Ese es el debate que estos artículos deberían estar generando. Y en parte lo generan, pero queda enterrado bajo el titular de la baliza.
Lo que sí sabemos sobre la V16 y la reducción del riesgo
La baliza V16 conectada lleva años en el mercado antes de ser obligatoria. Durante ese tiempo, los datos de uso y los estudios de seguridad vial apuntan en la misma dirección: señalizar desde el interior del vehículo reduce el tiempo de exposición al tráfico y elimina la necesidad de caminar por la vía. La FESVIAL (Fundación para la Seguridad Vial) y la Fundación Línea Directa han documentado que el riesgo de atropello al colocar triángulos era una causa de fallecimiento regular en carretera española, con una media de unos 25 al año.

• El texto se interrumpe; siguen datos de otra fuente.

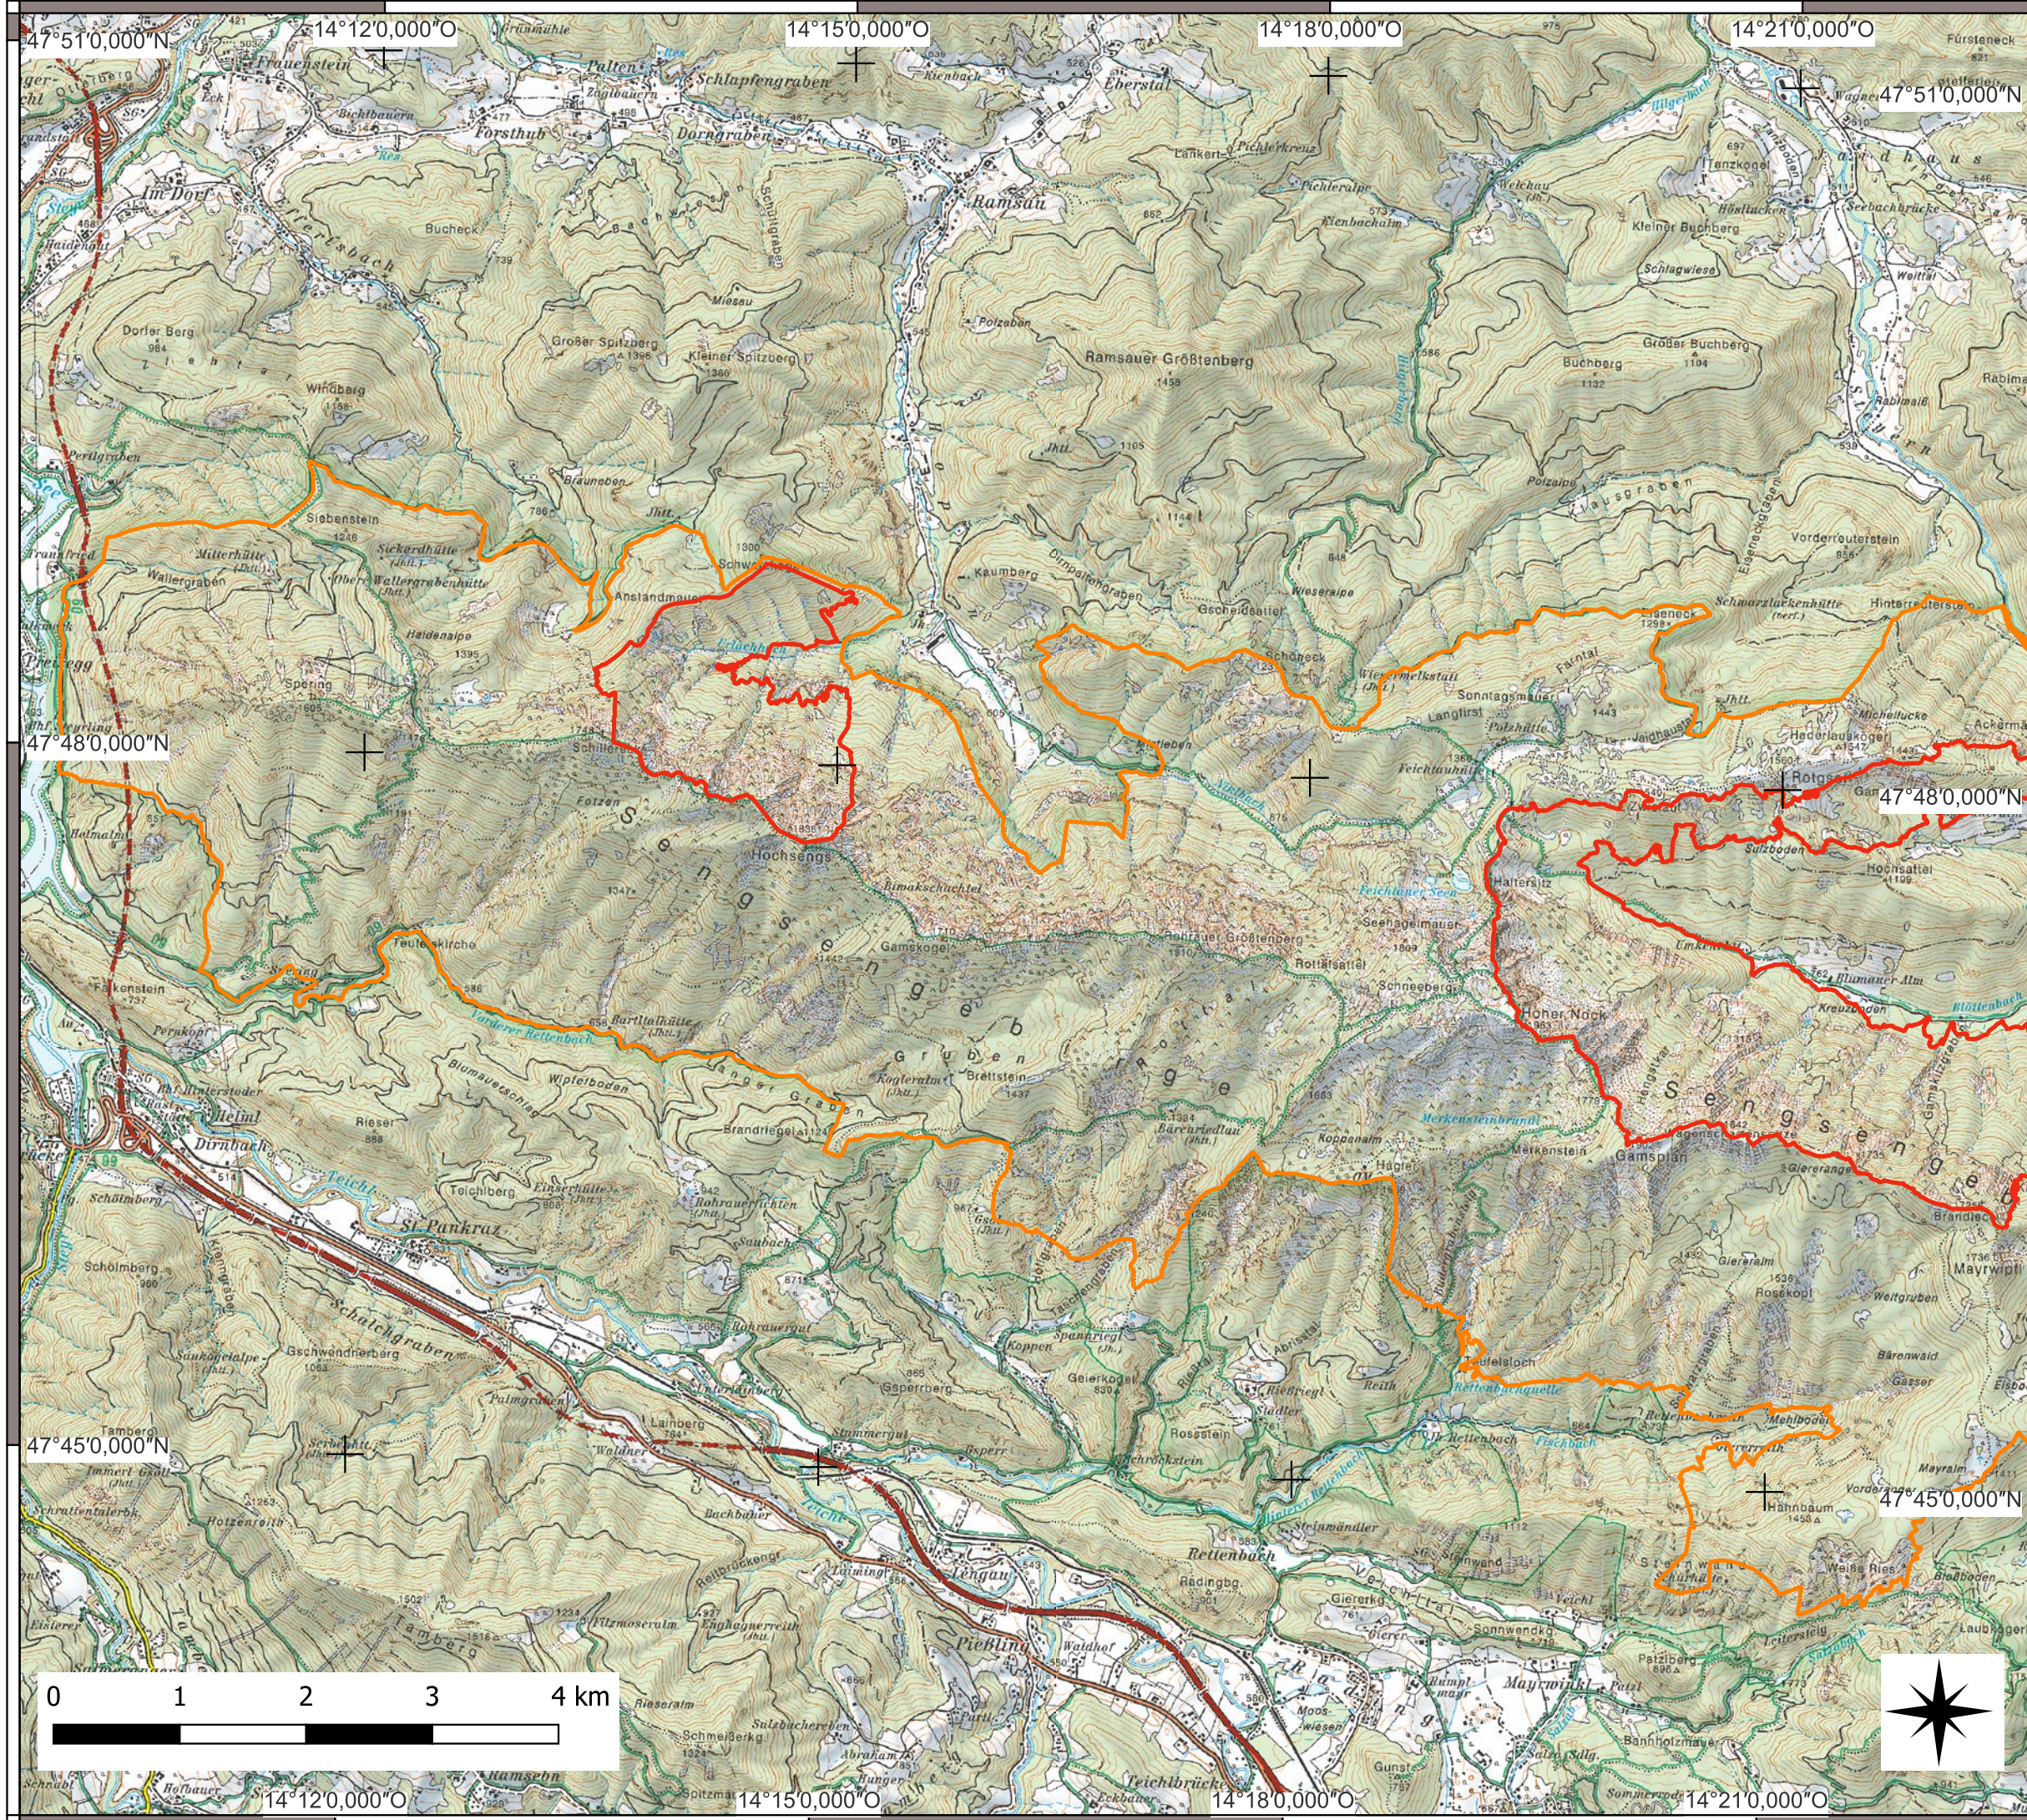

WORLD HERITAGE

Ancient and Primeval Beech Forests of the Carpathians and Other Regions of Europe (1133quater)

Kalkalpen 1/5

- Boundary of the WH property
- Buffer zones of the WH property

Area of the property: 7,119,076.65 ha
 Area of the buffer zones: 1,545,044.06 ha

Scale (large map): 1:50,000

Coordinate system:
 EPSG: 31259
 MGI / Austria GK 34

Base map:
 Kartographisches Modell 1:50.000 - Raster
 © Bundesamt für Eich- und Vermessungswesen, CC-BY-4.0

Cartography:
 schimek plant,
 DI Michael Schimek, MA, A-3430 Tulln

WORLD HERITAGE

Ancient and Primeval Beech Forests of the Carpathians and Other Regions of Europe (1133quater)

Kalkalpen 2/5

- ▭ Boundary of the WH property
- ▭ Buffer zones of the WH property

Area of the property: 7,119,076.65 ha
 Area of the buffer zones: 1,545,044.06 ha

Ese riesgo concreto es el que la V16 está diseñada para eliminar. Y para eso hace falta que los conductores la lleven, que sea homologada y conectada, y que sepan usarla. Un estudio reciente de ambas fundaciones indica que todavía hay alrededor de 4,2 millones de conductores que no disponen de una baliza homologada. Es decir, el sistema todavía no ha llegado al 100% de los vehículos. Sacar conclusiones sobre su eficacia en la primera Semana Santa desde que es obligatoria, con millones de conductores aún sin ella, es cuanto menos precipitado.
Datos sí, titulares no
Que los datos de siniestralidad de esta Semana Santa son preocupantes es innegable. Treinta fallecidos en vías interurbanas, con el peso mayoritario en carreteras convencionales y un repunte de atropellos, merecen análisis serio y respuestas concretas por parte de las administraciones.
Pero ese análisis exige rigor. Exige no atribuir a una causa lo que puede tener varias. Exige no comparar un año extraordinario con el siguiente para construir un argumento. Y exige no confundir la reivindicación legítima de un sindicato sobre condiciones laborales con una evaluación técnica de un dispositivo de seguridad.
La baliza V16 conectada y homologada no es la solución a todos los problemas de la carretera española. Nunca lo ha sido ni lo ha pretendido. Es una solución a un problema específico: el riesgo de atropello al señalizar una avería o accidente sin tener que salir del vehículo. Ese problema existía, estaba documentado, y la tecnología disponible permite resolverlo.
Lo que necesitan las carreteras convencionales españolas es más inversión, más presencia policial y mejores infraestructuras. Todo eso es urgente y necesario. Pero no tiene nada que ver con si llevas o no una baliza en la guantera.